» EXERCISE BRIEF: Give back the line where "D. Can't Catch Me Flying Fish" appears and all the lines after it until the listing ends, unchanged and with nothing else.

» SOURCE MATERIAL:
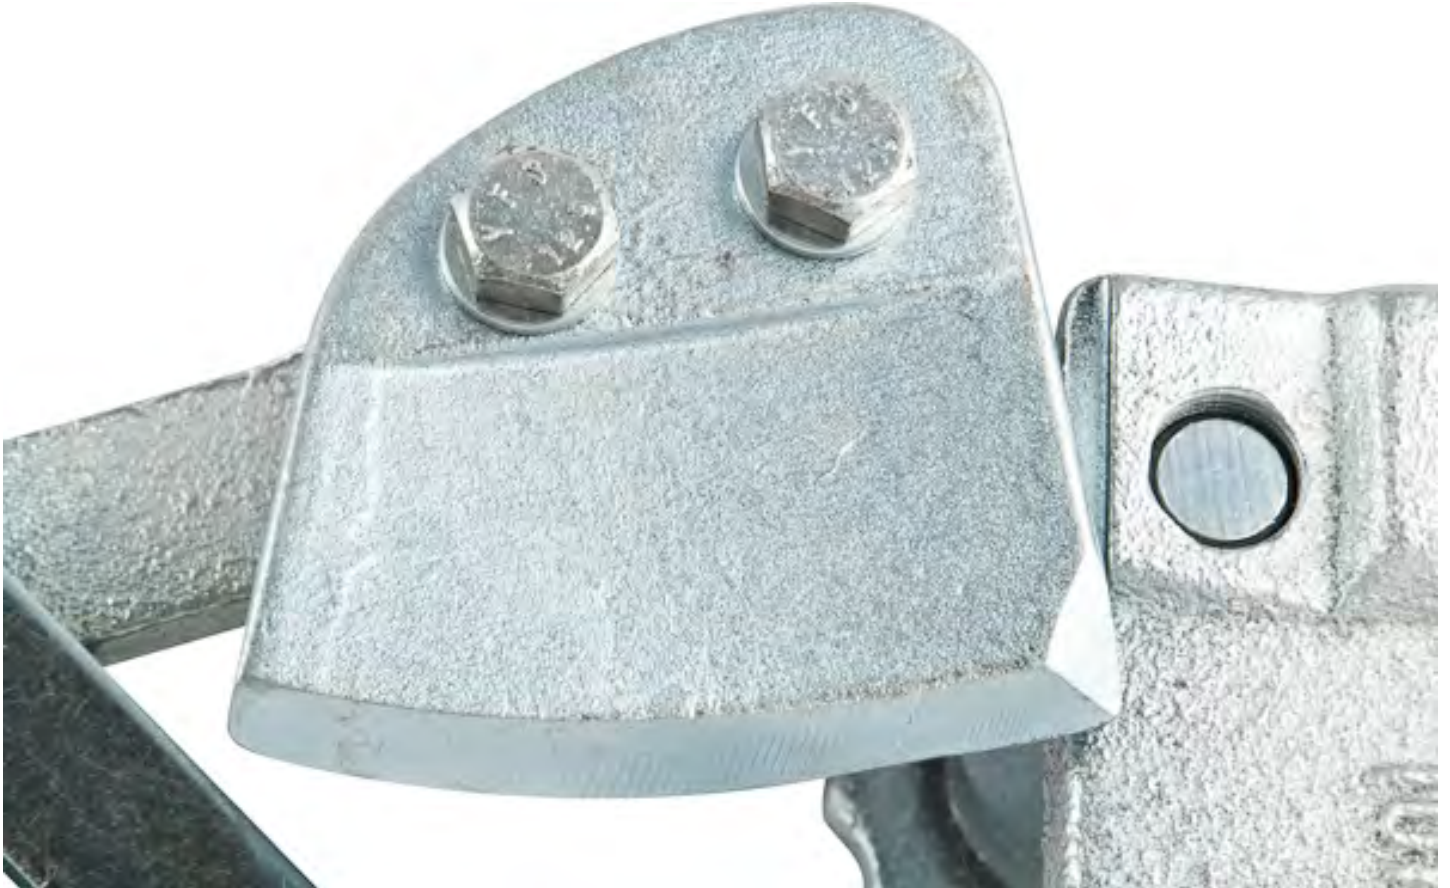

Part#: 26WRB2

Part #	Description
26WRB2	REPLACEMENT BLADE FOR HEAVY DUTY DRUM DEHEADER 26WRB2

Supplied By: **The Cary Company**  
Ph: 630-629-6600  
[www.thecarycompany.com](http://www.thecarycompany.com)
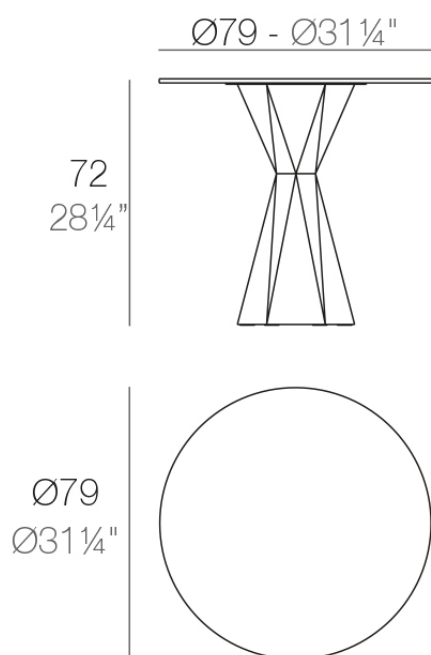

### Description

Made of polyethylene resin by rotational moulding. 100% Recyclable. Item suitable for indoor and outdoor use. Available in different finishes. Tabletop with HPL.

Weight: 50.39 Kg

VERTEX Mesa  $\text{Ø}80$   
VERTEX Table  $\text{Ø}31\frac{1}{2}"$
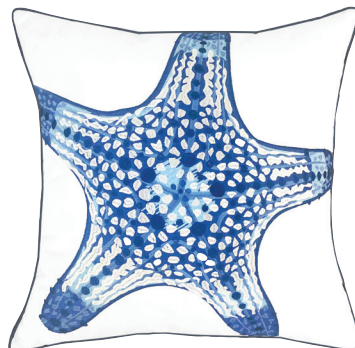

# OUTDOOR PILLOWS

A. Indigo Scallop Shell

B. Blue Octopus

C. Palm Pattern

D. Can't Catch Me Flying Fish

E. Blue Jellyfish

F. Azure Fish School

G. Blue Conch Shell

H. Blue Starfish

I. Just Keep Swimming, Jolly Blue Puffer

A. Indigo Scallop Shell Pillow  
R775030041 | 20" X 20"

013800

B. Blue Octopus Pillow  
R775030047 | 20" X 20"

013800

C. Palm Pattern Lumbar Pillow  
R785050009 | 12" X 21"

» RESPONSE BELOW:
D. Can't Catch Me Flying Fish

E. Blue Jellyfish

F. Azure Fish School

G. Blue Conch Shell

H. Blue Starfish

I. Just Keep Swimming, Jolly Blue Puffer

A. Indigo Scallop Shell Pillow  
R775030041 | 20" X 20"

013800

B. Blue Octopus Pillow  
R775030047 | 20" X 20"

013800

C. Palm Pattern Lumbar Pillow  
R785050009 | 12" X 21"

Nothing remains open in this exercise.